Determine with value be respectively 1 each element a_n-k+j,iAt vector g_n-k+jMiddle position pair The each information node D answered_i；

By check-node P_n-k+jEach information node D with described correspondence_iCarry out XOR successively, knot Fruit is as the P after updating_n-k+j。

8. the method for claim 1, it is characterised in that also include:

Determine check-node to be deleted, from described storage system, delete described verification to be deleted Node.

9. the method for claim 1, it is characterised in that described storage system also has appearance Calamity parameter { t, δ }, wherein, t+ δ is the check-node number of described storage system, described storage system Allowing that at most t node is complete to make mistakes, δ is additionally to save needed for described storage system ensures high redundancy ability Count, and t+ δ ＜ k, t+ δ+k=n, described method, also include:

When the storage loss of data of l information node of described storage system, from described storage system Remaining n-l node is arbitrarily chosen δ node of k+, and including the individual check-node of δ 'The individual information node of k+ δ-δ ', l≤t；

By each for individual for δ ' check-node self-corresponding 1 × k 0,1} random vector take out, be arranged as δ ' × k's { 0,1} matrix R_δ'×k, wherein matrix jth V&V of behavior node1 corresponding × k 0,1} random vector, 1≤j≤δ'；

Structural matrix H_δ'×(k+δ_'), matrix H_δ'×(k+δ_')Left part is divided into matrix R_δ'×k, right part is divided into list Position battle array I_δ'×δ'；

Based on the known k+ individual information node of δ-δ ' and the individual check-node of δ ', structure vector β_(k+δ')×1, Wherein β_(k+δ')×1K position is information node { D from left to right₁,D₂,…,D_k, wherein unknown information node becomes Amount X replaces, and right-hand member is

For relational expression H_δ'×(k+δ')·β_(k+δ')×1=0 solves, and obtains l the information node lost Storage data；

By in the data recovery storage of l information node that obtains to described storage system.

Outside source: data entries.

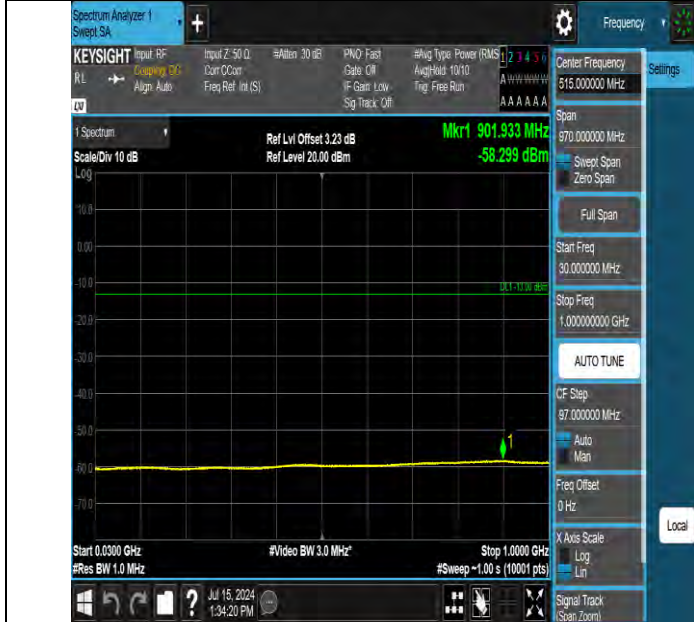

Band2 20MHz QPSK 18700 1RB#99 30~1000 30~1000

BV 7Layers Communications Technology (Shenzhen) Co., Ltd

Room B37, Warehouse A5, No.3 Chiwan 4th Road, Zhaoshang Street, Nanshan District Shenzhen, Guangdong, People's Republic of China

Tel: +86 755 8869 6566
Fax: +86 755 8869 6577
Email: customerservice.sw@bureauveritas.com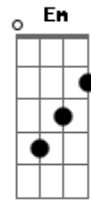

© ukulele-chords.com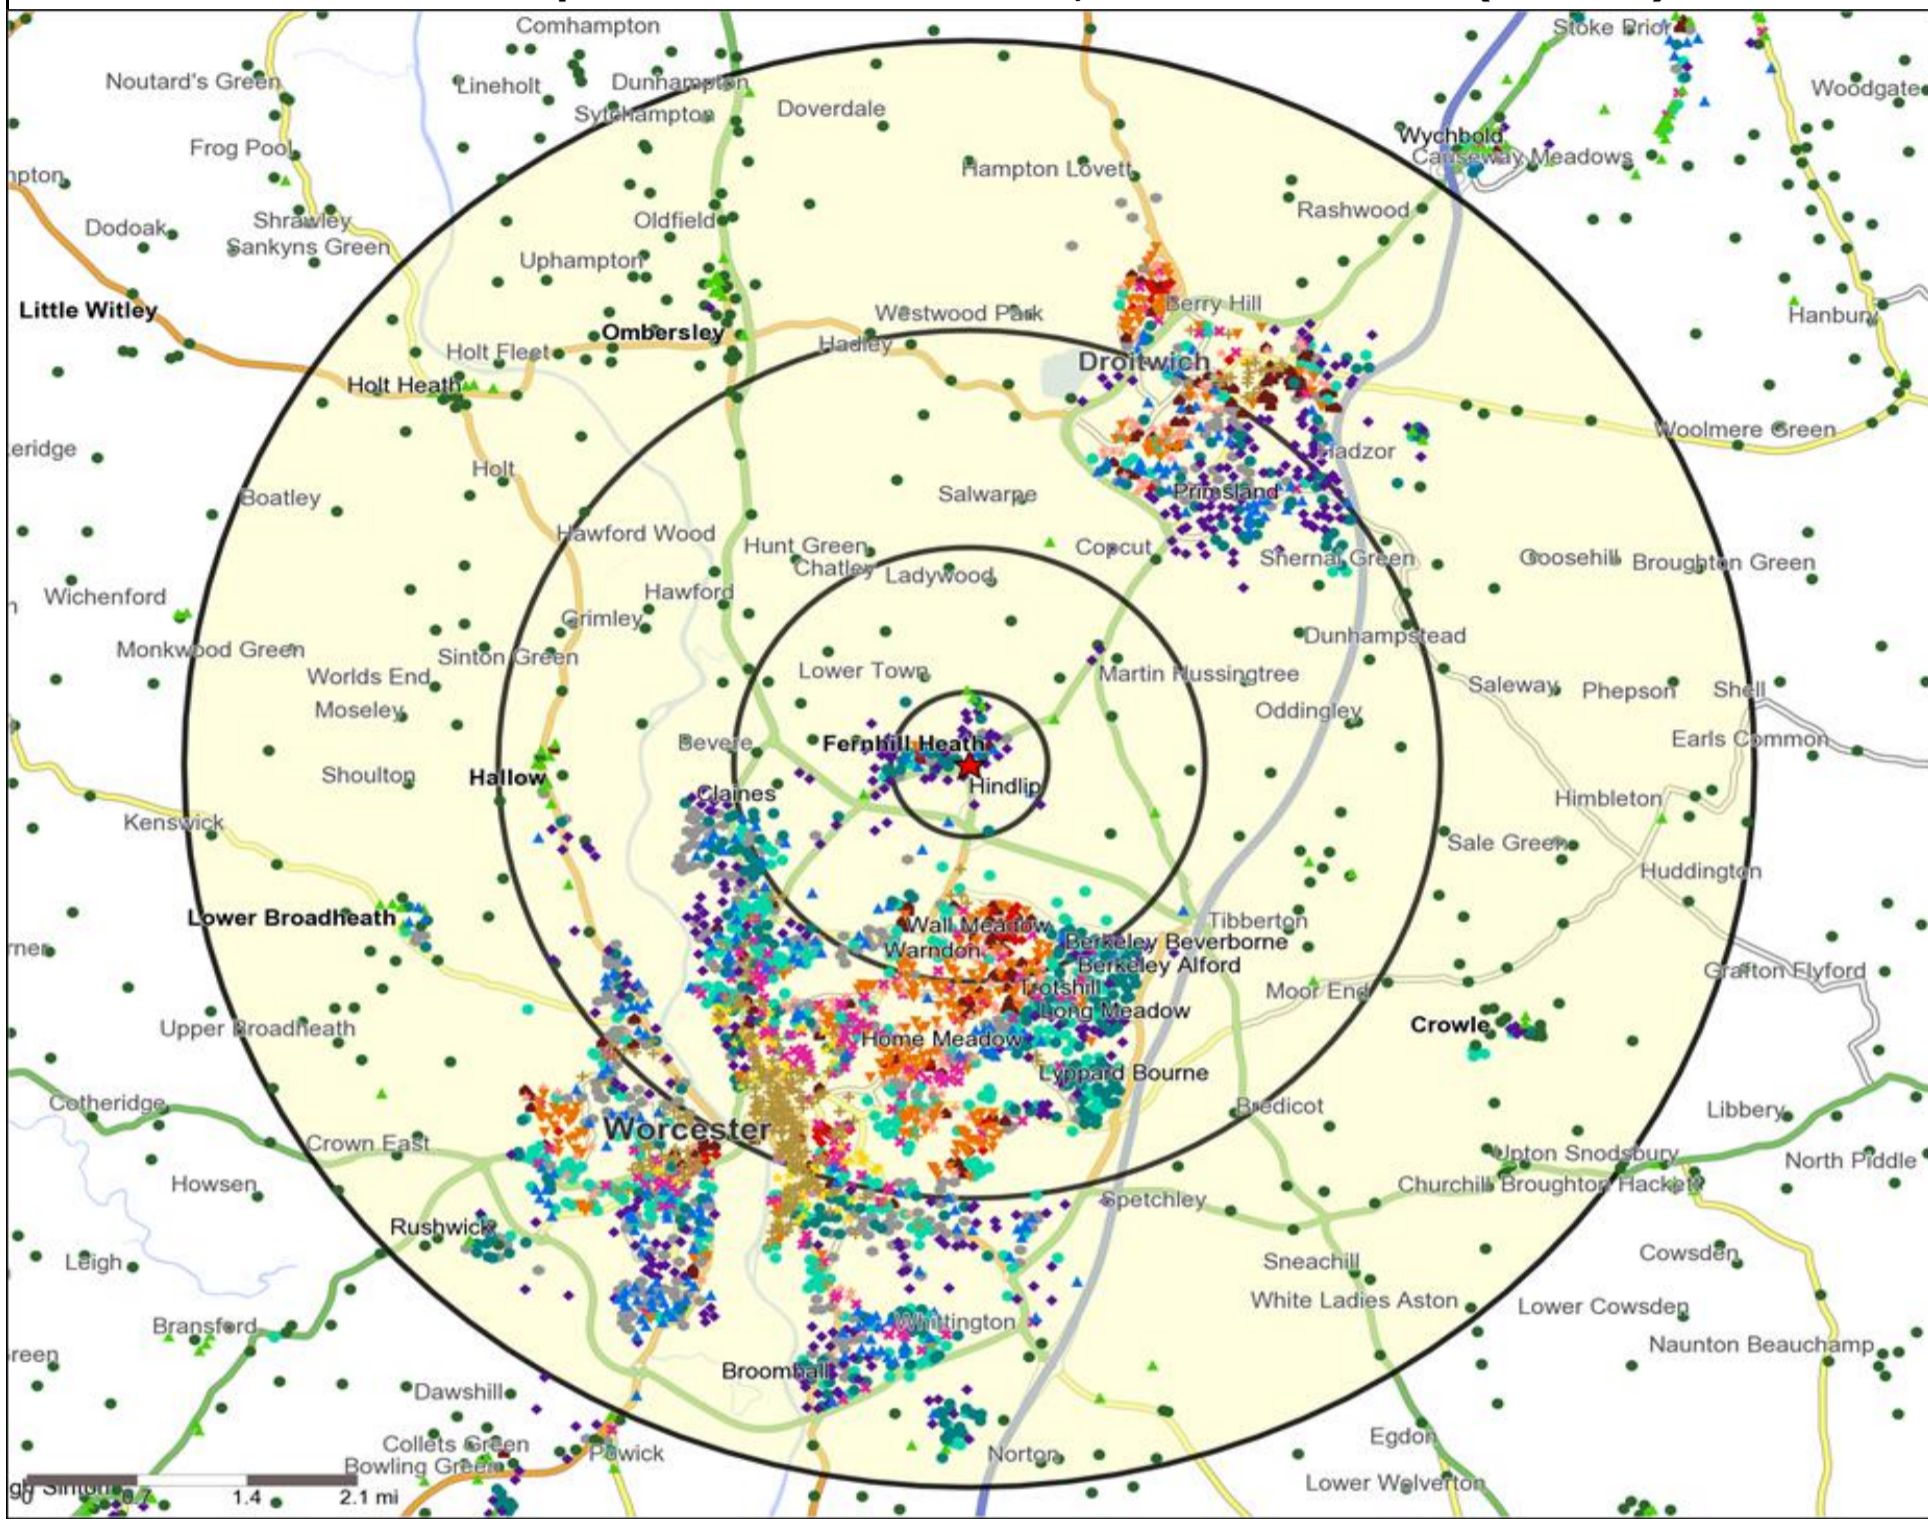

Mosaic UK Map and Data: WHITE HART, FERNHILL HEATH (203590)

Copyright Experian Ltd, HERE 2015. Ordnance Survey © Crown copyright 2015

Location	Mosaic UK Groups	D Rural Reality	H Aspiring Homemakers	L Vintage Value
0.5,1.5,3 & 5 Mile Distance	A City Prosperity	E Senior Security	I Family Basics	M Modest Traditions
Rivers, Canals and Lakes	B Prestige Positions	F Suburban Stability	J Transient Renters	N Urban Cohesion
	C Country Living	G Domestic Success	K Municipal Challenge	O Rental Hubs

Mosaic UK Data Table (Residential)

	Count:					Index:				
	0 - 0.5 Miles	0 - 1.5 Miles	0 - 3.0 Miles	0 - 5.0 Miles	15 Min Drivetime	0 - 0.5	0 - 1.5	0 - 3.0	0 - 5.0	15 Min Drivetime
A City Prosperity (18+)	0	0	42	64	64	0	0	1	1	1
B Prestige Positions (18+)	701	1,266	6,900	10,944	11,747	475	152	140	132	138
C Country Living (18+)	69	394	1,864	6,589	9,303	49	50	40	84	115
D Rural Reality (18+)	77	115	566	1,700	4,716	55	15	12	22	58
E Senior Security (18+)	304	918	6,432	12,227	11,197	185	99	117	133	118
F Suburban Stability (18+)	172	552	4,414	9,229	8,791	139	79	107	133	124
G Domestic Success (18+)	485	1,704	8,911	13,436	13,397	285	178	157	141	137
H Aspiring Homemakers (18+)	38	1,522	9,438	15,740	15,511	21	147	154	153	146
I Family Basics (18+)	29	1,442	6,955	9,928	8,592	20	175	143	121	102
J Transient Renters (18+)	0	269	5,172	7,544	7,576	0	41	133	115	113
K Municipal Challenge (18+)	54	1,325	1,998	2,587	2,508	45	198	50	39	37
L Vintage Value (18+)	89	1,083	3,917	6,023	5,910	70	151	92	84	81
M Modest Traditions (18+)	0	618	3,926	5,495	5,306	0	114	122	102	96
N Urban Cohesion (18+)	0	0	1,760	2,456	2,456	0	0	50	41	40
O Rental Hubs (18+)	6	198	5,232	9,388	9,323	4	23	101	107	104
Adults 18+ estimate 2015	2,024	11,406	67,527	113,350	116,397	100	100	100	100	100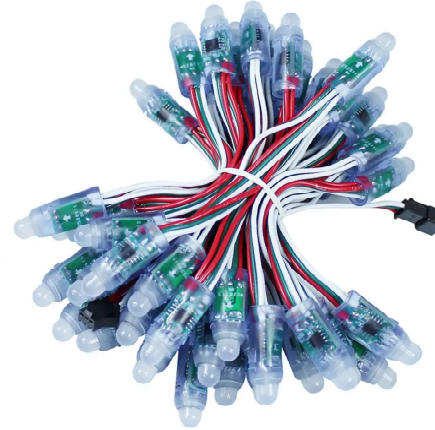

STRING-50-2811-5CM

Bulb per Set	50
IC Chip Model	2811 IC
Color	RGB full color
Waterproof Level	IP67 (with Silicon tube)
Working Voltage	DC-5V
Bulb Lumen (Per Bulb)	8 Lumen
Power Consumption	15W
Color Temperature (K)	R:620-625 G:515-522 B:460-465
Beam Angle	160
Wire Length between Bulbs	5cm

10. a storage system constructing device, it is characterised in that described storage system includes information Node and check-node, described information node is used for storing data, and described check-node is used for recovering In data, and described storage system, the memory capacity of each node is identical, and described device includes:

Parameter determination unit, is used for determining that { n, k, T}, wherein, n is described to storage nodes parameter The node total number of storage system, k is the information node number of described storage system, and T is that individual element exists { in 0,1}, value is the probability of 1；Wherein n, k are positive integer, 0 ＜ T ＜ 1；

Numbered cell, for numbering in order k information node as { D₁,D₂,…,D_k, and will N-k check-node numbers in order as { P₁,P₂,…,P_n-k, wherein, at the beginning of n-k check-node Beginning data are zero；

Vector signal generating unit, for each check-node being respectively directed in n-k check-node, Generate { the 0,1} random vector g of a length of 1 × k_j=(a_j1,a_j2,…,a_jk), 1≤j≤n-k, a ∈ 0,1}, g_jFor check-node P_jCorresponding random vector, wherein, each element a in vector_jiWith probability T value It is 1；

Encoding relation sets up unit, for each verification joint being respectively directed in n-k check-node Point, execution following steps:

Determine check-node P_jCorresponding vector g_jIntermediate value is each element a of 1_ji；

Determine with value be respectively 1 each element a_jiAt vector g_jCorresponding each in middle position Information node D_i；

By check-node P_jEach information node D with described correspondence_iCarry out XOR, result successively As the P after updating_j。